Madras High Court Bench Judge Teeka Raman held that it is not mandatory under the Negotiable Instruments Act 1881 to obtain both signature and thumbprint for a pro-note to be valid.

The court also held that where the defendant did not deny the execution of the pro note, the lower appellate court could not arouse suspicion regarding the execution of the note simply on the grounds that the thumbprint of the defendant had not been obtained.

He observed,

Once the signature found in the prosecution documents has been admitted, there is no need or need for the plaintiff to give an explanation for not obtaining the thumbprint in the prosecution promissory note. There is no such law to obtain the thumbprint in the Prosecution Promissory Note, especially when the execution and delivery of Ex.A1 through Ex.A3 was not in dispute.. .There is no mandatory provision under the Negotiable Instruments Act that both signature and thump impression must be obtained for a pro note…

In the present case, the original plaintiff, the appellant here, had filed a complaint against the respondent for the recovery of the money of Rs.1,00,000 each borrowed by him and for which three promissory notes were issued to the plaintiff for consideration. After issuing a pre-trial notice, the plaintiff filed an action to recover the claim of Rs. 4,59,000 with subsequent interest.

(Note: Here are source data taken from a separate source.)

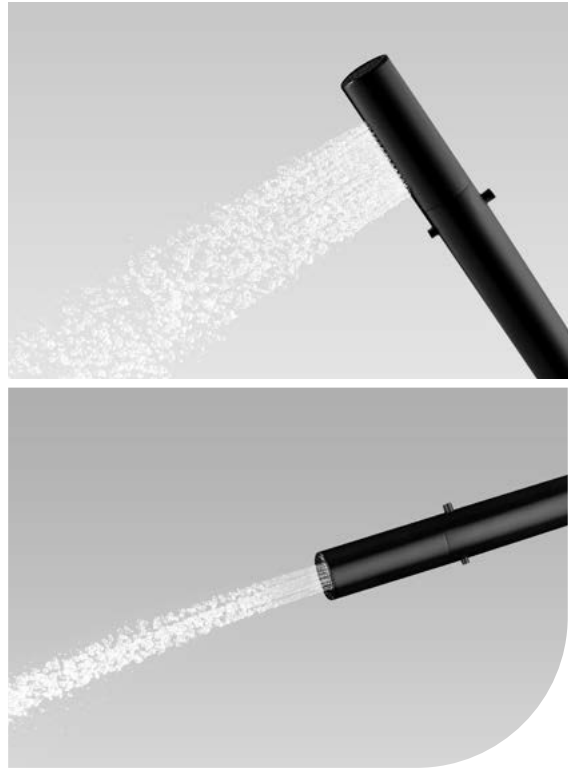

FCP 1827M

Eolica single lever concealed shower mixer
with rainshower and handshower
Brass - Matte Black
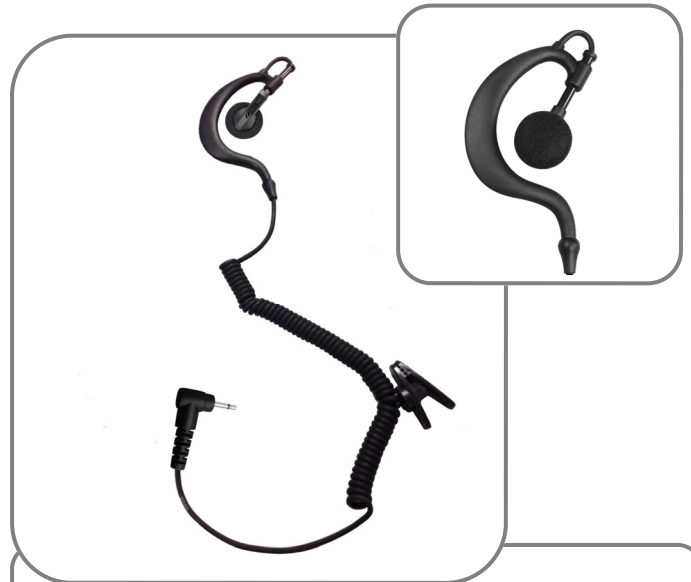

XL Series Listen-only Earpieces

XL Series Listen-only Earpieces from CanCom provide the user with private receive audio transmission over their two-way radio. Four Earpiece styles to choose from, all delivering crisp/clear sound so you never miss important messages. Both short cords (for plug-in to speaker microphone audio jack) and long cords (to reach to radio on the belt) are available.

Part#: XLB-XX & XLBS-XX

Ear bud "In-Ear" style Listen-only. XLBS is short cord version, XLB is longer cord version. Ear buds have foam covers and can fit in left or right ear.

Part#: XLC-XX & XLCS-XX

C-Hook Ear bud "In-Ear" style Listen-only. XLCS has short cord while XLC is longer cord version. Ear buds have foam covers and can fit in left or right ear.

Part#: XLD-XX & XLDS-XX

D-Hook over-the-ear Listen-only speaker. XLDS has short cord, XLD is longer cord version. Speaker turns so it can be worn over the left or right ear.

Part#: XLF-XX & XLFS-XX

Flip style over-the-ear Listen-only speaker. XLFS has short cord while XLF is longer cord version. Speaker rotates so it can be worn over the left or right ear.

The defendant, the respondent hereto, admitted the signing of the promissory notes. However, he argued that the promissory notes had been executed as security for the borrowed loan and that the due loan had been settled by the execution of a deed of sale dated 12.11.1999 in the name of the applicant’s wife. It is further alleged that the lawsuit’s promissory notes were not backed by counterparty and that the blank promissory notes were filled for the purpose of filing the lawsuit in 2004.

The trial court considered the statutory presumption under Section 118 of the Negotiable Instruments Act and the power of the holder to timely fulfill the promissory notes under Section 20 of the Act and found ordered the prosecution in favor of the plaintiff.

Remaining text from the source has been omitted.